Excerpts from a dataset
○ ○ ○ ○

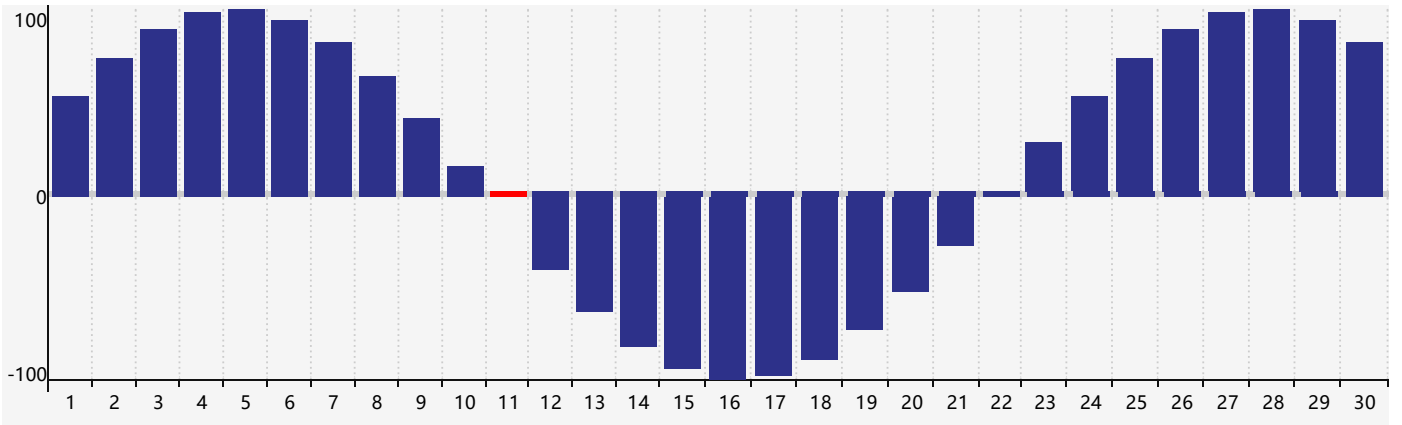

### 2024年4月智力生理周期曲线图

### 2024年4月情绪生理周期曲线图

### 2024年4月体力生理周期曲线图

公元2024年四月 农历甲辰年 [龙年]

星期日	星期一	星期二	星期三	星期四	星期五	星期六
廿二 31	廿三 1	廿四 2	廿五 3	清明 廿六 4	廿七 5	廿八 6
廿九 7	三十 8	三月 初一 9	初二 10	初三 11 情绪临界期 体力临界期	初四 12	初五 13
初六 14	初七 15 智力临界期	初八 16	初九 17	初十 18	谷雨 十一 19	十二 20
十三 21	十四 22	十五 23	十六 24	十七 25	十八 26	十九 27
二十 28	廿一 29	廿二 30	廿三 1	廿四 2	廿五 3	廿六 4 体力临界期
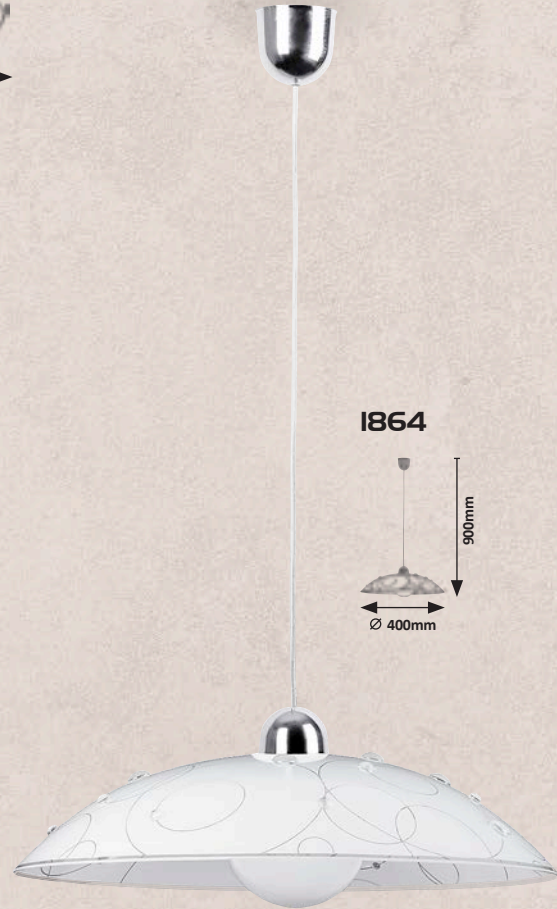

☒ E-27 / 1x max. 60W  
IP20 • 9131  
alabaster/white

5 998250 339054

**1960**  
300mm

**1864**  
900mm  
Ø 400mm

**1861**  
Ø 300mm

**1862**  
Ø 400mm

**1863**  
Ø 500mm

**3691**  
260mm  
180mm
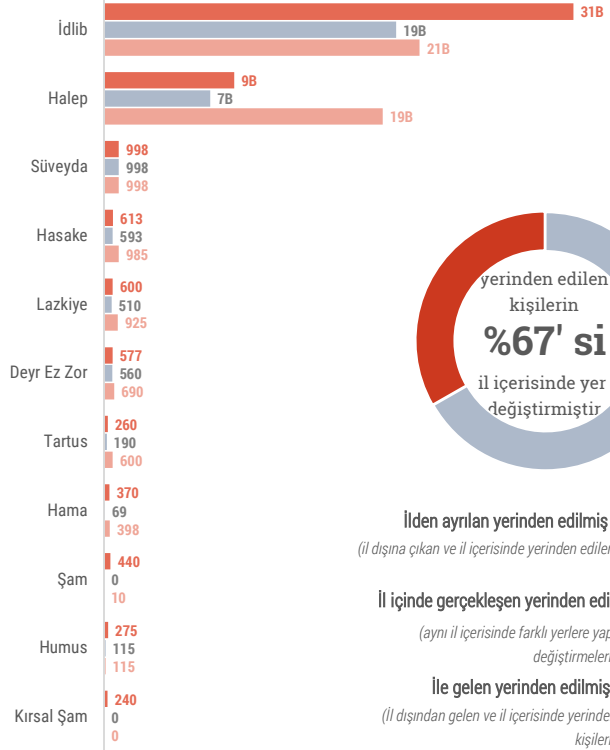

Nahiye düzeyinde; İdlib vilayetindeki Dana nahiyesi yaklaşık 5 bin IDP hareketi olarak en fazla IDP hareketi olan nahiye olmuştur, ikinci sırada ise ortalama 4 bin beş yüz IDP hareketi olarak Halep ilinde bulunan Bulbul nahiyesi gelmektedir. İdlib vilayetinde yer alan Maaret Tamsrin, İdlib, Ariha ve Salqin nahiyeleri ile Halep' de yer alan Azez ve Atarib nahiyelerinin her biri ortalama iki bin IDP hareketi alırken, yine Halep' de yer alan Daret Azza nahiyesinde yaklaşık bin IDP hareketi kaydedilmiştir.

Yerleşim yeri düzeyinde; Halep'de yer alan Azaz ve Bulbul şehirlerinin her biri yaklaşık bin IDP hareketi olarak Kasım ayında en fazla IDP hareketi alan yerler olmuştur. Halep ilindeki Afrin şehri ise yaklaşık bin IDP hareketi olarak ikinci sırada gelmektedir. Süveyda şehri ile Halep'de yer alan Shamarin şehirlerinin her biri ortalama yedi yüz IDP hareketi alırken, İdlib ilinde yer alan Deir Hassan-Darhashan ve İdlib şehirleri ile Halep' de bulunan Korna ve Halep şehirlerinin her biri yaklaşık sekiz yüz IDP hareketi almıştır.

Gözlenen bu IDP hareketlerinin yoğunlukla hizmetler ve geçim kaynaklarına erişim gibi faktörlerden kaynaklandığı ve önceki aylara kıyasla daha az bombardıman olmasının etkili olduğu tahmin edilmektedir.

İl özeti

○ ○ ○ ○

Exercise — Word for word, retype the lines from the one with "alabaster/white" through the final line of the data, both included. No pictures belong in the copy.

Written answer —
alabaster/white

5 998250 339054

**1960**  
300mm

**1864**  
900mm  
Ø 400mm

**1861**  
Ø 300mm

**1862**  
Ø 400mm

**1863**  
Ø 500mm

**3691**  
260mm  
180mm

Nahiye düzeyinde; İdlib vilayetindeki Dana nahiyesi yaklaşık 5 bin IDP hareketi olarak en fazla IDP hareketi olan nahiye olmuştur, ikinci sırada ise ortalama 4 bin beş yüz IDP hareketi olarak Halep ilinde bulunan Bulbul nahiyesi gelmektedir. İdlib vilayetinde yer alan Maaret Tamsrin, İdlib, Ariha ve Salqin nahiyeleri ile Halep' de yer alan Azez ve Atarib nahiyelerinin her biri ortalama iki bin IDP hareketi alırken, yine Halep' de yer alan Daret Azza nahiyesinde yaklaşık bin IDP hareketi kaydedilmiştir.

Yerleşim yeri düzeyinde; Halep'de yer alan Azaz ve Bulbul şehirlerinin her biri yaklaşık bin IDP hareketi olarak Kasım ayında en fazla IDP hareketi alan yerler olmuştur. Halep ilindeki Afrin şehri ise yaklaşık bin IDP hareketi olarak ikinci sırada gelmektedir. Süveyda şehri ile Halep'de yer alan Shamarin şehirlerinin her biri ortalama yedi yüz IDP hareketi alırken, İdlib ilinde yer alan Deir Hassan-Darhashan ve İdlib şehirleri ile Halep' de bulunan Korna ve Halep şehirlerinin her biri yaklaşık sekiz yüz IDP hareketi almıştır.

Gözlenen bu IDP hareketlerinin yoğunlukla hizmetler ve geçim kaynaklarına erişim gibi faktörlerden kaynaklandığı ve önceki aylara kıyasla daha az bombardıman olmasının etkili olduğu tahmin edilmektedir.

İl özeti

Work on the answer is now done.